*** Opening of GIVEN RECORDS ***
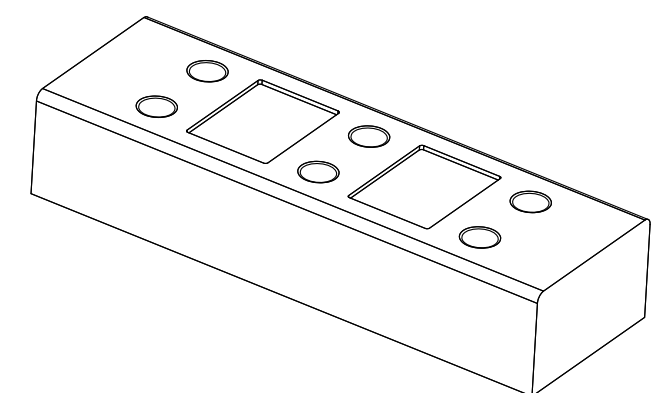

ACCESSORI
 BASE IN ABS
 DIMENSIONI: 690x230 h.100
 FORI Ø42 - PESO 29 kg

BASE IN CLS
 DIMENSIONI: 620x200 h.120
 FORI Ø42 - PESO 29 kg

GIUNTO DI SICUREZZA

DIMENSIONI h. 2000x3232
 PANNELLO IN RETE
 MAGLIA 248.2X110
 TONDINO VERTICALE Ø2.2
 TONDINO ORIZZONTALE Ø2.9
 MONTANTI IN TUBOLARE Ø40
 TRAVERSI ORIZZONTALI IN TUBOLARE Ø28

REVISIONE	DATA/DATE	DESCRIZIONE/DESCRIPTION	DIS./PREPARED	APPROV./APPROVED
1	04-12-2018	RETYLING	BRENNA	
0	10-01-2012	PRIMA EMISSIONE	ARENSI	

	DEFENDER HD DIMENSIONI: h.2000x3232 mm	DIS.N°/DWG.N° 00066	FOGLIO SHEET 1
	CLIENTE/CUSTOMER Nuova Defim - Orsogrill	COMM. JOB 	REVISIONE/REVISED Ø 1
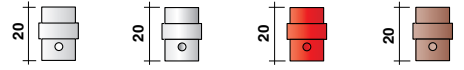

- **control leads**
  BX0156. 3 m
  BX0157. 4 m
  BX0158. 5 m
- **wire conduit**
  QB0072. 3 m
  QB0073. 4 m
  QB0074. 5 m
- **gas hose**
  QB0080. 3 m
  QB0081. 4 m
  QB0082. 5 m
- **cover**
  MQ0205. 3 m
  MQ0206. 4 m
  MQ0207. 5 m
- **water inlet hose**
  QA0019. 3 m
  QA0077. 4 m
  QA0078. 5 m
- **water outlet - power cable**
  QA0020. 4 m
  QA0021. 5 m

- **ME0084** plastic white
- **ME0584** ceramic
- **ME0086** silicon red
- **ME0484** compound high tech
*** Close of GIVEN RECORDS ***
| PROBLEM TO SOLVE |
Once the pictures are set aside, write out each record exactly.

| FINISHED EXERCISE |
ACCESSORI
 BASE IN ABS
 DIMENSIONI: 690x230 h.100
 FORI Ø42 - PESO 29 kg

BASE IN CLS
 DIMENSIONI: 620x200 h.120
 FORI Ø42 - PESO 29 kg

GIUNTO DI SICUREZZA

DIMENSIONI h. 2000x3232
 PANNELLO IN RETE
 MAGLIA 248.2X110
 TONDINO VERTICALE Ø2.2
 TONDINO ORIZZONTALE Ø2.9
 MONTANTI IN TUBOLARE Ø40
 TRAVERSI ORIZZONTALI IN TUBOLARE Ø28

REVISIONE	DATA/DATE	DESCRIZIONE/DESCRIPTION	DIS./PREPARED	APPROV./APPROVED
1	04-12-2018	RETYLING	BRENNA	
0	10-01-2012	PRIMA EMISSIONE	ARENSI	

	DEFENDER HD DIMENSIONI: h.2000x3232 mm	DIS.N°/DWG.N° 00066	FOGLIO SHEET 1
	CLIENTE/CUSTOMER Nuova Defim - Orsogrill	COMM. JOB 	REVISIONE/REVISED Ø 1

- **control leads**
  BX0156. 3 m
  BX0157. 4 m
  BX0158. 5 m
- **wire conduit**
  QB0072. 3 m
  QB0073. 4 m
  QB0074. 5 m
- **gas hose**
  QB0080. 3 m
  QB0081. 4 m
  QB0082. 5 m
- **cover**
  MQ0205. 3 m
  MQ0206. 4 m
  MQ0207. 5 m
- **water inlet hose**
  QA0019. 3 m
  QA0077. 4 m
  QA0078. 5 m
- **water outlet - power cable**
  QA0020. 4 m
  QA0021. 5 m

- **ME0084** plastic white
- **ME0584** ceramic
- **ME0086** silicon red
- **ME0484** compound high tech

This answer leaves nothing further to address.